§ AIM OF THE EXERCISE:
Scan the records for "HLSC". Report each line that includes it.

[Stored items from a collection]
• • • •

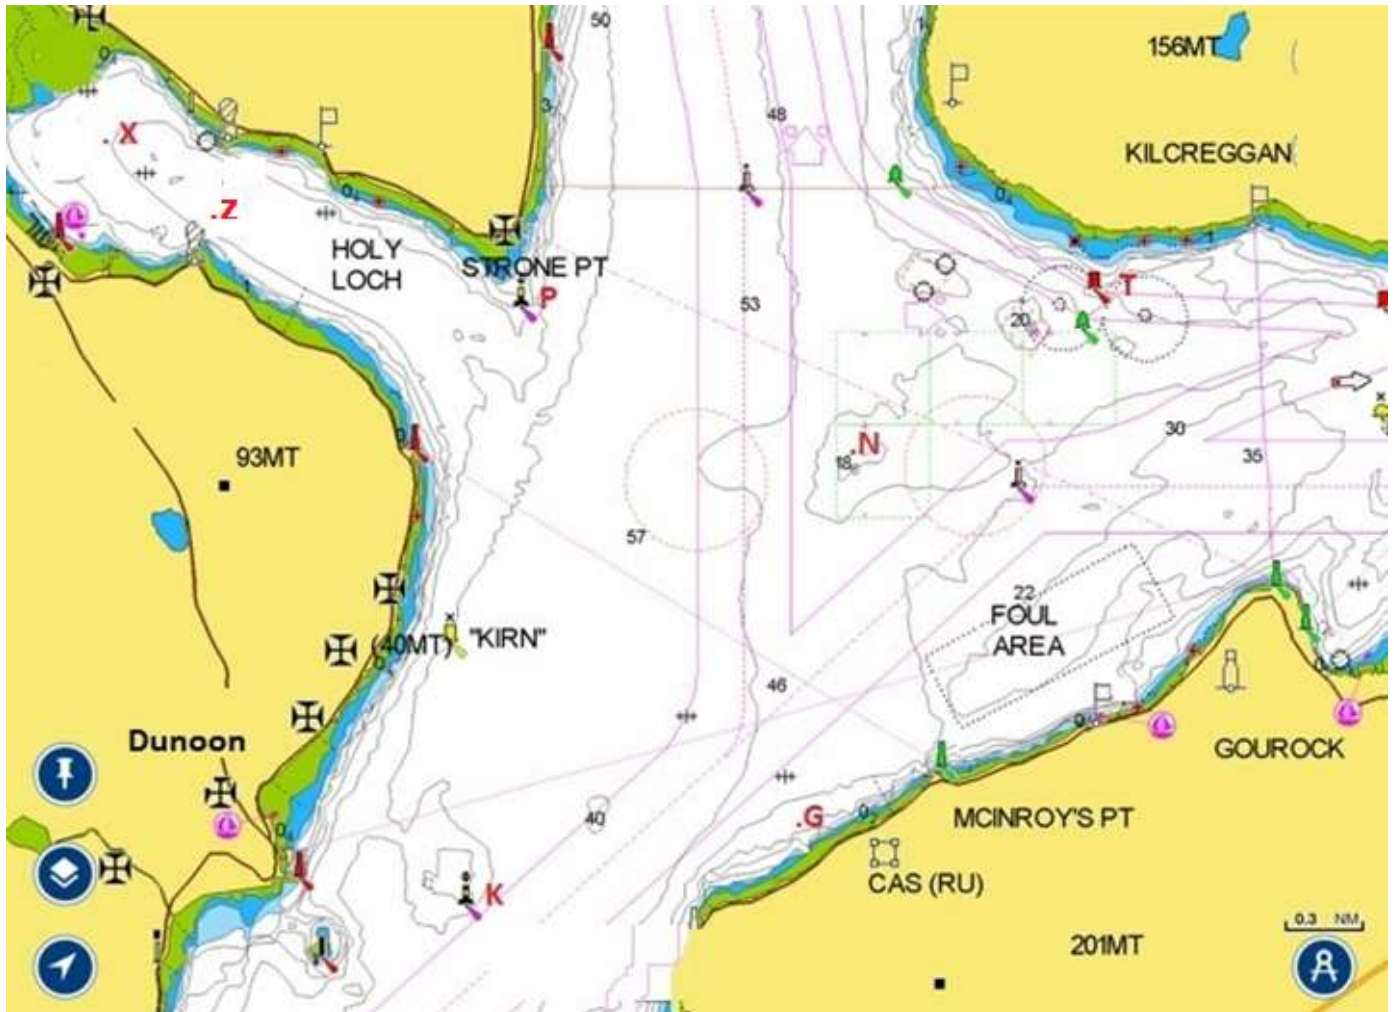

POLARIS COURSE CHART FLEET 3

- G LEVAN. RGYC DAY GLO ORANGE CAN
- K DUNOON BANK. E CARDINAL B/Y/B
- P STRONE. S CARDINAL Y/B No 30
- T KILCREGGAN LIT CAN, RED, KIL No 2
- N HLSC ORANGE INFLATABLE
04 51 07 W 55 58 02 N
- X HLSC ORANGE INFLATABLE 1.8m
- Z HLSC ORANGE INFLATABLE 1.8m

• • • •

§ ANSWER SPACE:
- N HLSC ORANGE INFLATABLE
- X HLSC ORANGE INFLATABLE 1.8m
- Z HLSC ORANGE INFLATABLE 1.8m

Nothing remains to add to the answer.